We caught up with the brilliant and insightful Marlene Jorge a few weeks ago and have shared our conversation below.
Alright, Marlene thanks for taking the time to share your stories and insights with us today. One of our favorite things to hear about is stories around the nicest thing someone has done for someone else – what’s the nicest thing someone has ever done for you?
The kindest thing anyone has ever done for me didn’t look grand from the outside, but it changed something fundamental in me.
There was a period in my life where I felt completely invisible. Not just overlooked, but emotionally and spiritually unseen. I was giving, creating, holding things together, but internally I was breaking in quiet ways. It was one of those seasons where you realize that strength can become a disguise for pain.
During that time, someone close to me did something very simple. They sat with me, without trying to fix me, without interrupting, without turning the conversation back to themselves. They listened. Fully. Patiently. And then they said something I had not heard in a long time: “I see you. And what you carry is real.”
Fact: There was no material exchange, no dramatic intervention.
Impact: It created psychological validation and emotional grounding.
What mattered was not the words themselves, but the presence behind them. It was the first time in a long time that I felt acknowledged as a whole person, not just for what I do, but for what I experience.
As an artist, that moment stayed with me. Because art, at its core, is also an act of saying “I see this, and it matters.” That experience reshaped how I create. I became more honest, less concerned with perfection, and more focused on emotional truth.
If I had to define why it was meaningful, it’s this:
Being seen, without judgment or expectation, is one of the rarest forms of kindness. And once you experience it, you understand the responsibility of offering that same depth to others, whether through your presence or your work.


Marlene, love having you share your insights with us. Before we ask you more questions, maybe you can take a moment to introduce yourself to our readers who might have missed our earlier conversations?
I am a contemporary visual artist working at the intersection of emotion, symbolism, and identity. My work is rooted in what I would describe as internal landscapes. Not what we see externally, but what we carry psychologically, emotionally, and spiritually.
I did not arrive to art through a linear path. My background spans technical support, client-facing roles, business operations, and design. That combination matters. It trained me to observe patterns, human behavior, and systems. Art became the place where all of that converged. It is not separate from my life. It is a continuation of how I process reality.
My work is primarily focused on figurative compositions, often centered around the female form, but not in a literal or decorative sense. The figures I create represent states of mind. Fragmentation, duality, resilience, identity reconstruction. I draw from movements like pop surrealism, cubism, and expressionism, but I am not trying to replicate any of them. I use distortion, color blocking, and symbolic elements to communicate psychological tension and transformation.

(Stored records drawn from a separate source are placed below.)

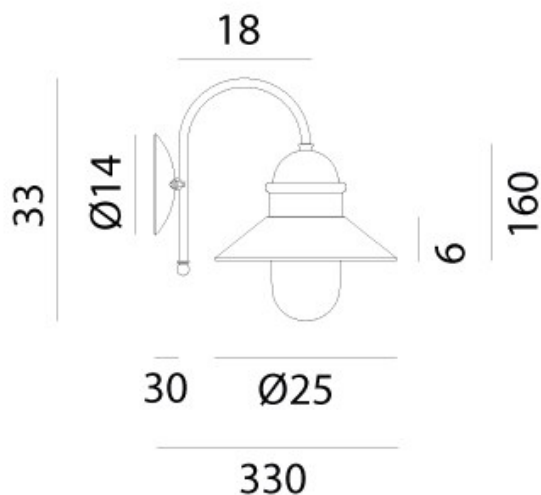

Tipologia: PARETE

Type: WALL LIGHT

Ambiente / Environment
OUTDOOR

Materiale: OTTONE - RAME - VETRO BIANCO
Material: BRASS - COPPER - WHITE GLASS

Finitura / Colore: OTTONE - RAME - VETRO BIANCO
Finishing / Color: BRASS - COPPER - WHITE GLASS

Fonte luminosa – Lighting Souce:
1xMax 57W E27

Voltaggio – Voltage
240V

Classe Energetica – Energetic Class
A++/E

PROTEZIONE IP – IP PROTECTION
IP44

PESO – WEIGHT
3Kg

Lampadina non inclusa
Light bulb not included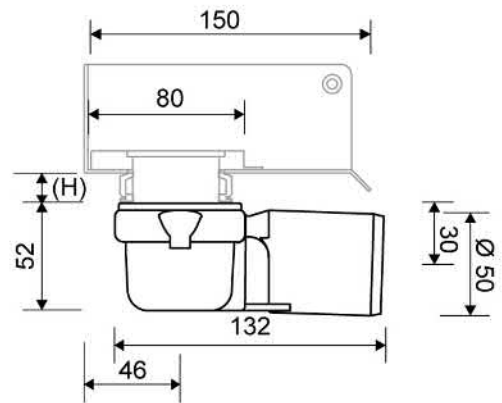

Specifications

ITEM NUMBER	GTIN NUMBER	WEIGHT INCLUDING PACKAGING
3004.0700	5707692006130	3500 g
WEIGHT EXCLUDING PACKAGING	MATERIAL	USAGE
3260 g	1,5 mm stainless steel (AISI 304)	Line drain
SURFACE	MEMBRANE	FLOOR CONSTRUCTION
Pickled	Liquid or sheet membrane	All
FLOORING	MOUNTING	CENTER
Tiles	6 mm plugs 6 mm screws. Torx 20	406 mm
INSTALLATION LENGTH (L)	HEIGHT (H)	LENGTH MODEL
812 mm	17 mm	700 mm

The odour barrier can be removed for cleaning

Can be rotated 180 degrees if a rear-facing outlet is required

Note: Odour barrier is VA-approved

Specifications

ITEM NUMBER	GTIN NUMBER	WEIGHT INCLUDING PACKAGING
1417.0050	5707692007915	500 g
WEIGHT EXCLUDING PACKAGING	MATERIAL	USAGE
350 g	Plastic (PP)	Line drain
BARRIER	GASKET	CAPACITY
With (odour barrier)	EPDM	0.6 l/s
SIDE INLET	CENTER	FITS DRAIN UNIT
Without	30 mm	1001, 1002, 1003, 1004, 1100, 3002, 3004, 5002, 5003, 4004

FITTING HEIGHTS - LINE FAUCETS 1001, 1002, 1003, 1004

Ø	Outlet direction	300	600	700	800	900	1000	1200
Ø 50 mm	Horizontal	64 mm	68 mm	69 mm	70 mm	71 mm	72 mm	74 mm

1606.0700 - 700mm HighLine Custom

HighLine | Custom

The set consists of a CUSTOM base, rail, heightener set and screws. The set must be assembled before mounting.

Specifications

ITEM NUMBER	GTIN NUMBER	WEIGHT INCLUDING PACKAGING
1950.0700	5707692005331	1580 g
WEIGHT EXCLUDING PACKAGING	MATERIAL	USAGE
1510 g	Stainless steel (AISI 304)	Line drain
SURFACE	LENGTH MODEL	HEIGHTENER SET
Brushed	700 mm	Plastic (PE)
LENGTH WITH/WITHOUT FRAME		
633/695 mm		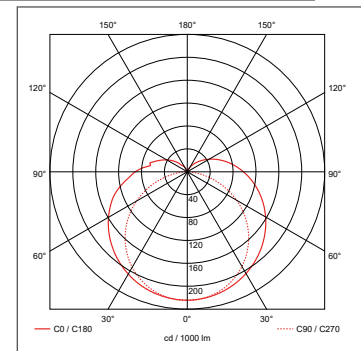

Product Code: OV89765

Description: 11W 765mm Undercupboard Light (CCT Switchable) - White

General Information

Dimensions	777mm (L) x 34mm (H) x 24mm (D)
Materials	Body: Polycarbonate Diffuser: Polycarbonate
Finish	White
Product Weight	0.167Kg
Dimmable	No
Ingress Protection	IP20
Warranty	3 Years

Luminaire Output

Colour Temperature	3000K	4000K
Typical Luminous Flux	970lm	1015lm
Efficacy	90lm/W	90lm/W
CRI	>80	
Beam Angle	130°	
LED Lifetime (L70)	35,000 Hours	

Accessories

OVLL89250	250mm Link Lead For Cubi Undercupboard Lights
OVLL89500	500mm Link Lead For Cubi Undercupboard Lights
OVLL891000	1000mm Link Lead For Cubi Undercupboard Lights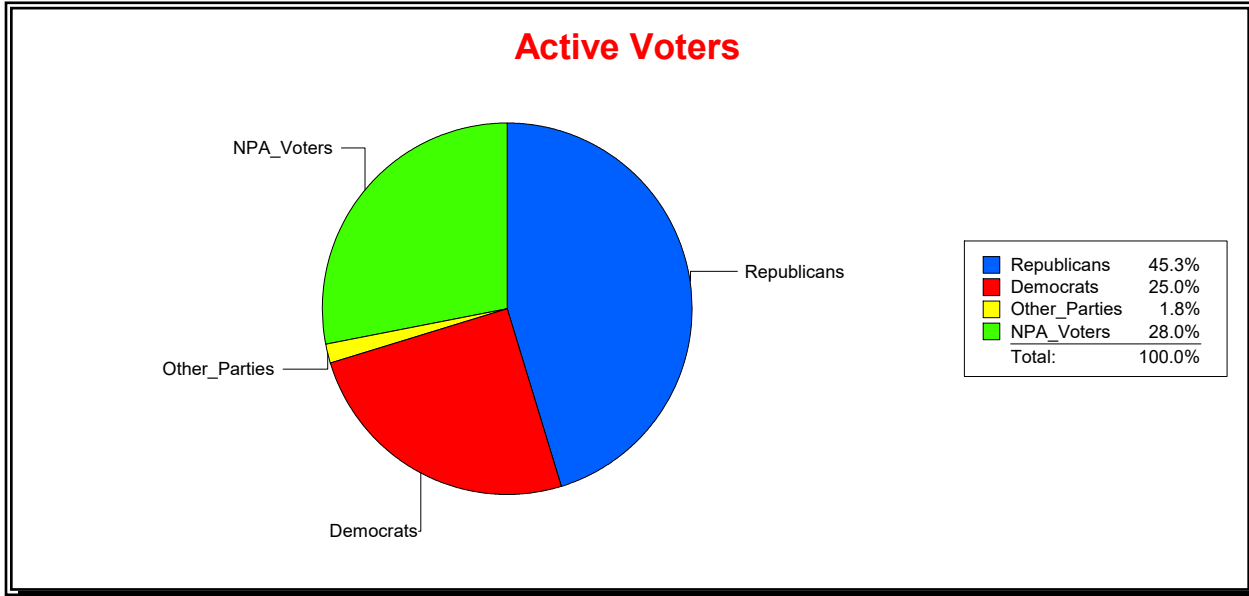

Ron Turner

Supervisor of Elections

Sarasota County, FL

Date 5/2/2022

Time 08:26 AM

Graphs of District Registration

Active Registered Voters

Inactive Voters

District	Total	Dems	Reps	NonP	Other	Total	Dems	Reps	NonP	Other
SCHOOL DIST 3	77,117	19,272	34,904	21,562	1,379	4,380	1,178	1,688	1,474	40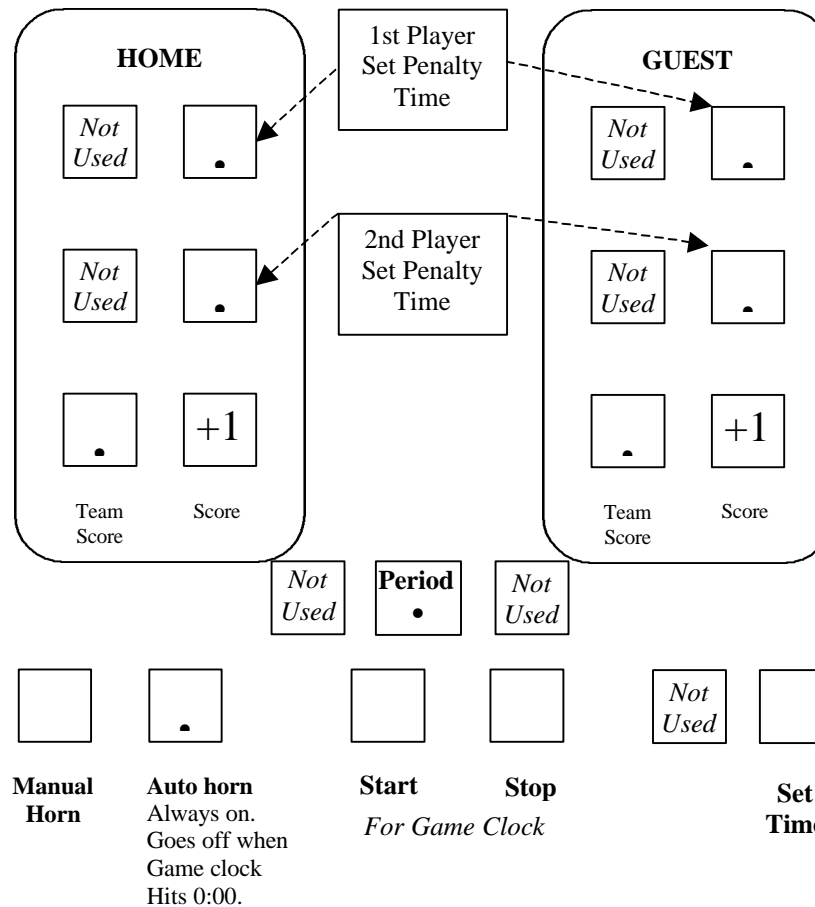

Rec Center Game Clock Directions

To Start Game Clock:

- (1) Press **Set Time**
- (2) Punch in time using keypad on right
- (3) Press **Enter**
- (4) Press **Start**

To Stop Clock:

Press **Stop**

To Clear Clock:

- (1) Press **Set Time**
- (2) Press **Clear Entry**
- (3) Press **Enter**

To Set Period:

- (1) Press **Period**
- (2) Punch in Number
- (3) Press Enter on Keypad

Between Periods Use These

Enter

Clear Entry

To Set Penalty:

- (1) Press appropriate **set penalty time** (Home or Visitor and 1st or 2nd player in the box)
- (2) Punch in 130 for 1minute 30 seconds.
- (3) Press **Enter**

When penalty runs out, a zero will remain. To clear the zero:

- (1) Press **set penalty time**
- (2) Press **clear entry**
- (3) Press **enter**

Remember – if you mess up, press the appropriate “Set Button,” “Clear Entry” and “Enter.”

Fact: The work is not driven by trend cycles or commercial aesthetics.
Approach: It is driven by internal experience translated into visual language.

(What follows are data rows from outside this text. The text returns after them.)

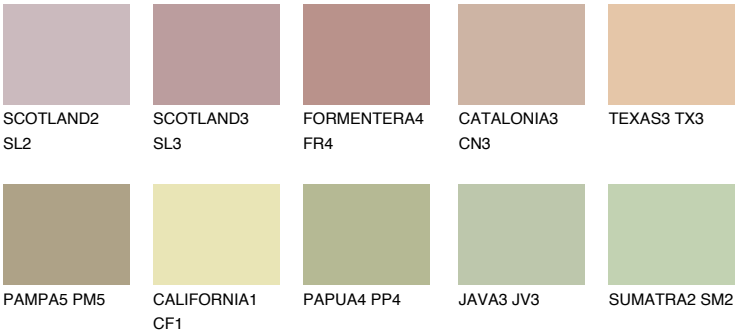

## COLORADO4 CO4

51% TSR 49%

### Matching colours

#### COLOURS

#### INTENSE

For more information on plasters and paints, go to [www.ceresit.lv](http://www.ceresit.lv)

\*The presented colours refer to plasters and paints offered by Ceresit. Due to the use of digital techniques, the presented colours might not represent the original ones, thus they cannot be considered as a reliable colour presentation. We recommend checking the authentic colour samples.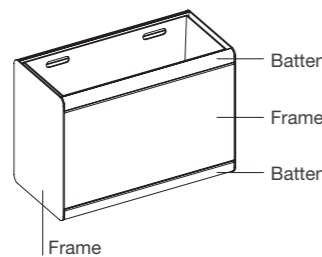

2. Select body type

☐ Battered

☐ Solid

☐ Perforated (custom)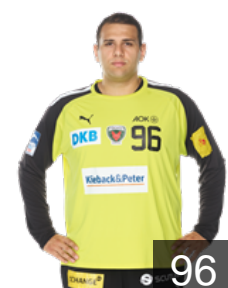

 GER

Lichtlein Nils

Position: Centre Back
Place of birth: Regensburg
Date of birth: 31.07.2002
Height: 183 cm
Weight: 76 kg

 DEN

Lindberg Hans

Position: Right Wing
Place of birth: Hoje-Taastrup
Date of birth: 01.08.1981
Height: 188 cm
Weight: 88 kg

 GER

Ludwig Lasse

Position: Goalkeeper
Place of birth: Achern
Date of birth: 29.09.2002
Height: 194 cm
Weight: 95 kg

 SRB

Marsenic Mijajlo

Position: Line Player
Place of birth: Berane
Date of birth: 09.03.1993
Height: 202 cm
Weight: 108 kg

 GER

Mart Felix

Position: Centre Back
Place of birth: Brandenburg an
Date of birth: 12.07.2004
Height: 185 cm
Weight: 80 kg

 SRB

Milosavljev Dejan

Position: Goalkeeper
Place of birth: Pancevo
Date of birth: 16.03.1996
Height: 196 cm
Weight: 135 kg

In terms of what I offer, I create original artworks, prints, and conceptual pieces that can live both in personal collections and curated spaces. I am also expanding into wearable art and design-based products, where the artwork is not confined to a wall but becomes part of everyday expression.

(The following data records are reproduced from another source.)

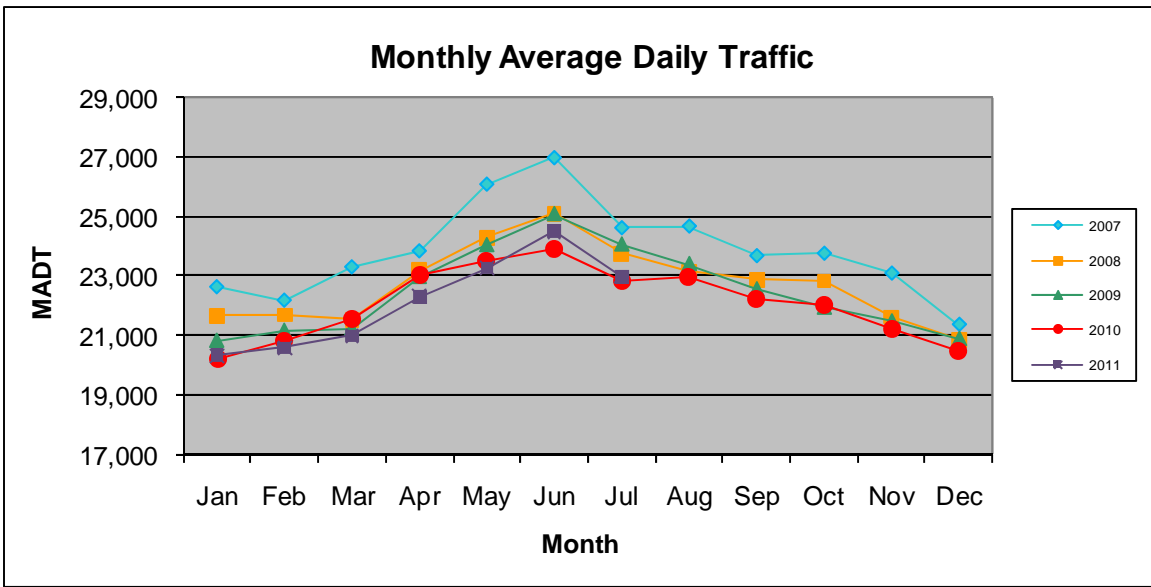

MONTHLY REPORT, STATION NO. 425 (ATR) JULY 2011

Station Measurement: VOLUME		
Route: CSAH 32	Route Direction: E/W	Lanes: 4
County: Dakota		Closest City: Eagan
Location: W OF MSAS109 (JOHNNY CAKE RIDGE RD) IN EAGAN		
Ref Post: 004+00.840	True Mile: 4.84	Sequence No. 9896
Volume: 711,639		MADT: 22,956
Weekday MADT: 24,764		Weekend MADT: 19,138

Note: 'Weekday' defined as Monday-Friday, 'Weekend' defined as Saturday-Sunday

The “problem” I solve is not transactional in the traditional sense. It is perceptual and emotional. Most people consume visuals that are designed to be liked quickly and forgotten just as fast. My work is designed to interrupt that pattern. It asks the viewer to pause, to feel something, to recognize something within themselves that may not be easy to articulate.
What sets me apart is not just the aesthetic, but the intent behind it. I do not create to decorate. I create to reveal. There is a difference.
Another differentiator is that I understand both the creative and the operational side of building something. I am not just an artist producing work. I am building a brand, a body of work, and a long-term positioning strategy around that work.
What I am most proud of is not a single piece. It is the fact that my work is honest. It is not filtered to be more acceptable or more marketable. It reflects real emotional states, real questions, and real contradictions.
If there is one thing I want people to understand about me and my work, it is this:
I am not interested in surface-level beauty. I am interested in truth, even when it is uncomfortable. And I translate that truth into something visual, something tangible, something that can live outside of me and connect with someone else.
That connection is the real outcome of the work.

Can you share a story from your journey that illustrates your resilience?
Resilience, for me, was not a single moment. It was a period where everything that looked stable on the outside was not stable at all.
There was a time when I was dealing with financial pressure, health recovery, and a personal environment that was emotionally draining, all at once. On paper, it looked like I had experience, skills, and capability. In reality, I was navigating uncertainty daily, trying to rebuild structure while feeling like I had very little control over my circumstances.
Fact: There was no immediate breakthrough, no sudden opportunity that fixed things.
Reality: Progress was incremental and often invisible.
What resilience looked like in that season was discipline without validation. Waking up and continuing to apply, create, think, and move forward, even when there was no external confirmation that it was working. It meant separating my identity from my current situation and refusing to let temporary instability define my long-term direction.
At the same time, I made a deliberate decision not to abandon my creative work. Even when it was not generating income yet, I continued to create. Not as an escape, but as a way to stay anchored to who I am beyond circumstances.
That mattered because it prevented me from collapsing into survival mode completely. It allowed me to keep building something while I was still stabilizing other areas of my life.
What I learned from that period is this:
Resilience is not intensity. It is continuity. It is the ability to keep moving with clarity, even when the environment does not support you yet.
I am still in the process of building, but I am doing it from a place that is far more grounded, intentional, and self-directed than before.
And that, to me, is the real outcome of resilience.

We’d love to hear your thoughts on NFTs. (Note: this is for education/entertainment purposes only, readers should not construe this as advice)
My view on NFTs is pragmatic rather than ideological.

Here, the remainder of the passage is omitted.